In the copy, every line of the material that follows must appear exactly, and no pictures should.

Entries supplied:
'''

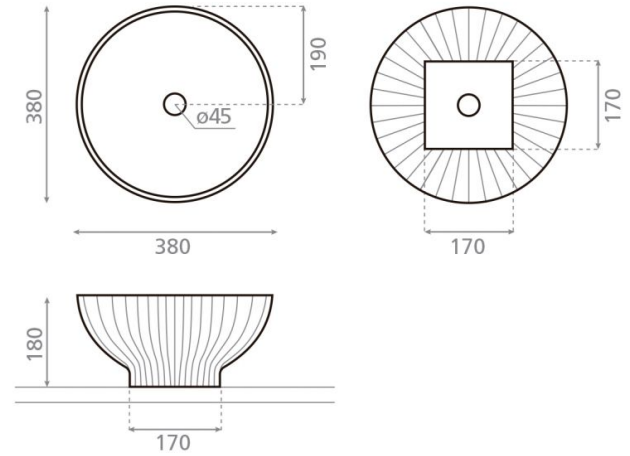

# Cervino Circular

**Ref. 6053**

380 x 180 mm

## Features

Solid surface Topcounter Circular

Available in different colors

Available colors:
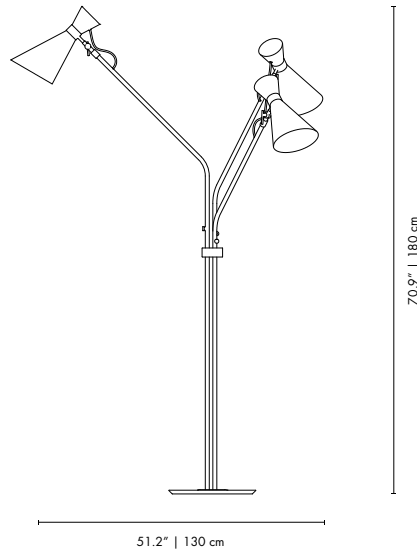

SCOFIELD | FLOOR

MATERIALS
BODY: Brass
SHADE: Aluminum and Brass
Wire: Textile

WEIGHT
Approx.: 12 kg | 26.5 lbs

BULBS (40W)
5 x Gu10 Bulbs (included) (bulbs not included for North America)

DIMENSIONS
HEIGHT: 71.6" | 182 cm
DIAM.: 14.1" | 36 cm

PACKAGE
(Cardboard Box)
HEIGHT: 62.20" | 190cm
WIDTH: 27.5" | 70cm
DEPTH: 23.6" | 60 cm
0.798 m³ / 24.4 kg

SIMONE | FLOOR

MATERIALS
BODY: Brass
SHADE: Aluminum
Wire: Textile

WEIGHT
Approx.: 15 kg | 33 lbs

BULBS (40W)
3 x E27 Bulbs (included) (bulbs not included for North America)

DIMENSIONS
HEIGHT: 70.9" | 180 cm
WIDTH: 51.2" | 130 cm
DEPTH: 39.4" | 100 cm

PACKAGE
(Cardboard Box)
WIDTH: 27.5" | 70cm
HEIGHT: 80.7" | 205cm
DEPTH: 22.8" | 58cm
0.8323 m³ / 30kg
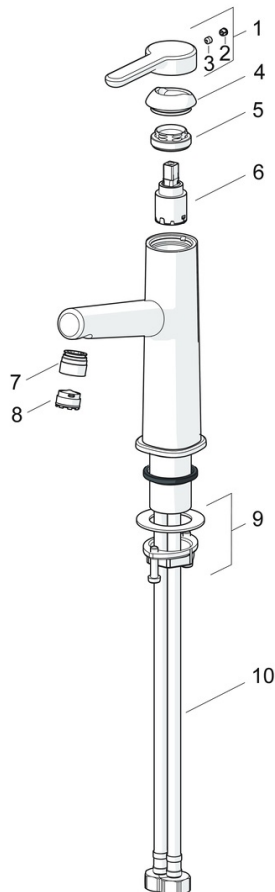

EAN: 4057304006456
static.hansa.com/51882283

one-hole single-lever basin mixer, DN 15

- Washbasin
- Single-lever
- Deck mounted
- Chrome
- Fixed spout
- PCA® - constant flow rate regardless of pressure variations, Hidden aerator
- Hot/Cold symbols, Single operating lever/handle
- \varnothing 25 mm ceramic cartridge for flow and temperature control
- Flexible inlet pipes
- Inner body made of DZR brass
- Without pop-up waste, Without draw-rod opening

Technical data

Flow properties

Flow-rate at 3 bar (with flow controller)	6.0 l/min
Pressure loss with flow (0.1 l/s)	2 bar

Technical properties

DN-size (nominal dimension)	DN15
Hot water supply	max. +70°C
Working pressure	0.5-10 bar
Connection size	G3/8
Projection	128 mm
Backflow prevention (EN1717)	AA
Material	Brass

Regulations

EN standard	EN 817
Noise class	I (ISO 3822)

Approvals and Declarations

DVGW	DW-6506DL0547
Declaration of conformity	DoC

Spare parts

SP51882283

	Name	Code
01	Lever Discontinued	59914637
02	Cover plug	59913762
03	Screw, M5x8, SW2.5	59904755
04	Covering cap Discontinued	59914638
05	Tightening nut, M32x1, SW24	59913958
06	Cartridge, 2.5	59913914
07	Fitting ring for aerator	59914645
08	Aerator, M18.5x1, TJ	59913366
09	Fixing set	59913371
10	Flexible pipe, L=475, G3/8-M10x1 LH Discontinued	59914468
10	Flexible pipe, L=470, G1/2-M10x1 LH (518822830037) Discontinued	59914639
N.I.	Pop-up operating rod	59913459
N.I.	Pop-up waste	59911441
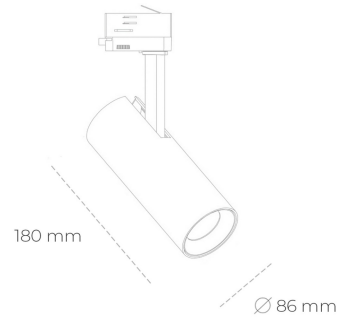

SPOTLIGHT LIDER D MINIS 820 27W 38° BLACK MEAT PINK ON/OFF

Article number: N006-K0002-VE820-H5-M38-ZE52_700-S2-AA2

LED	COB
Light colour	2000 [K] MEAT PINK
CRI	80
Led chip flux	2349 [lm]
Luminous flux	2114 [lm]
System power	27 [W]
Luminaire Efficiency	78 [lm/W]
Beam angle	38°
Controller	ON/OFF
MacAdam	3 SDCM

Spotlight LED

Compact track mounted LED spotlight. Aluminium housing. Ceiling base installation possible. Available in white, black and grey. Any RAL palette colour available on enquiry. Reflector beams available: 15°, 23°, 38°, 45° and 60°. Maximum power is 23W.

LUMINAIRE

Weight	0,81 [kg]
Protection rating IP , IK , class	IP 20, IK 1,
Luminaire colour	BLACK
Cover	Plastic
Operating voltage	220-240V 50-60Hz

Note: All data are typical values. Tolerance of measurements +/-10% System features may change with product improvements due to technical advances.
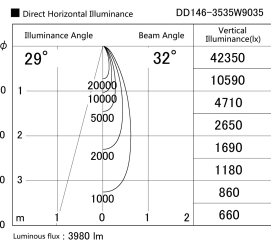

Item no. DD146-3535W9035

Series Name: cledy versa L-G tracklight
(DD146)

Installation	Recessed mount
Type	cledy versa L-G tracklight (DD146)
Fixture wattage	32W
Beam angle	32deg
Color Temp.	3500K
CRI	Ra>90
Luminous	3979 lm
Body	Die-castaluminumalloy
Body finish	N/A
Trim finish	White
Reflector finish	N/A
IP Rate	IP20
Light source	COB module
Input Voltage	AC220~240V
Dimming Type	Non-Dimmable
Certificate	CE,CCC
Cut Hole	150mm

'''

Solution for this task:
# Cervino Circular

**Ref. 6053**

380 x 180 mm

## Features

Solid surface Topcounter Circular

Available in different colors

Available colors:

SCOFIELD | FLOOR

MATERIALS
BODY: Brass
SHADE: Aluminum and Brass
Wire: Textile

WEIGHT
Approx.: 12 kg | 26.5 lbs

BULBS (40W)
5 x Gu10 Bulbs (included) (bulbs not included for North America)

DIMENSIONS
HEIGHT: 71.6" | 182 cm
DIAM.: 14.1" | 36 cm

PACKAGE
(Cardboard Box)
HEIGHT: 62.20" | 190cm
WIDTH: 27.5" | 70cm
DEPTH: 23.6" | 60 cm
0.798 m³ / 24.4 kg

SIMONE | FLOOR

MATERIALS
BODY: Brass
SHADE: Aluminum
Wire: Textile

WEIGHT
Approx.: 15 kg | 33 lbs

BULBS (40W)
3 x E27 Bulbs (included) (bulbs not included for North America)

DIMENSIONS
HEIGHT: 70.9" | 180 cm
WIDTH: 51.2" | 130 cm
DEPTH: 39.4" | 100 cm

PACKAGE
(Cardboard Box)
WIDTH: 27.5" | 70cm
HEIGHT: 80.7" | 205cm
DEPTH: 22.8" | 58cm
0.8323 m³ / 30kg

EAN: 4057304006456
static.hansa.com/51882283

one-hole single-lever basin mixer, DN 15

- Washbasin
- Single-lever
- Deck mounted
- Chrome
- Fixed spout
- PCA® - constant flow rate regardless of pressure variations, Hidden aerator
- Hot/Cold symbols, Single operating lever/handle
- \varnothing 25 mm ceramic cartridge for flow and temperature control
- Flexible inlet pipes
- Inner body made of DZR brass
- Without pop-up waste, Without draw-rod opening

Technical data

Flow properties

Flow-rate at 3 bar (with flow controller)	6.0 l/min
Pressure loss with flow (0.1 l/s)	2 bar

Technical properties

DN-size (nominal dimension)	DN15
Hot water supply	max. +70°C
Working pressure	0.5-10 bar
Connection size	G3/8
Projection	128 mm
Backflow prevention (EN1717)	AA
Material	Brass

Regulations

EN standard	EN 817
Noise class	I (ISO 3822)

Approvals and Declarations

DVGW	DW-6506DL0547
Declaration of conformity	DoC

Spare parts

SP51882283

	Name	Code
01	Lever Discontinued	59914637
02	Cover plug	59913762
03	Screw, M5x8, SW2.5	59904755
04	Covering cap Discontinued	59914638
05	Tightening nut, M32x1, SW24	59913958
06	Cartridge, 2.5	59913914
07	Fitting ring for aerator	59914645
08	Aerator, M18.5x1, TJ	59913366
09	Fixing set	59913371
10	Flexible pipe, L=475, G3/8-M10x1 LH Discontinued	59914468
10	Flexible pipe, L=470, G1/2-M10x1 LH (518822830037) Discontinued	59914639
N.I.	Pop-up operating rod	59913459
N.I.	Pop-up waste	59911441

SPOTLIGHT LIDER D MINIS 820 27W 38° BLACK MEAT PINK ON/OFF

Article number: N006-K0002-VE820-H5-M38-ZE52_700-S2-AA2

LED	COB
Light colour	2000 [K] MEAT PINK
CRI	80
Led chip flux	2349 [lm]
Luminous flux	2114 [lm]
System power	27 [W]
Luminaire Efficiency	78 [lm/W]
Beam angle	38°
Controller	ON/OFF
MacAdam	3 SDCM

Spotlight LED

Compact track mounted LED spotlight. Aluminium housing. Ceiling base installation possible. Available in white, black and grey. Any RAL palette colour available on enquiry. Reflector beams available: 15°, 23°, 38°, 45° and 60°. Maximum power is 23W.

LUMINAIRE

Weight	0,81 [kg]
Protection rating IP , IK , class	IP 20, IK 1,
Luminaire colour	BLACK
Cover	Plastic
Operating voltage	220-240V 50-60Hz

Note: All data are typical values. Tolerance of measurements +/-10% System features may change with product improvements due to technical advances.

Item no. DD146-3535W9035

Series Name: cledy versa L-G tracklight
(DD146)

Installation	Recessed mount
Type	cledy versa L-G tracklight (DD146)
Fixture wattage	32W
Beam angle	32deg
Color Temp.	3500K
CRI	Ra>90
Luminous	3979 lm
Body	Die-castaluminumalloy
Body finish	N/A
Trim finish	White
Reflector finish	N/A
IP Rate	IP20
Light source	COB module
Input Voltage	AC220~240V
Dimming Type	Non-Dimmable
Certificate	CE,CCC
Cut Hole	150mm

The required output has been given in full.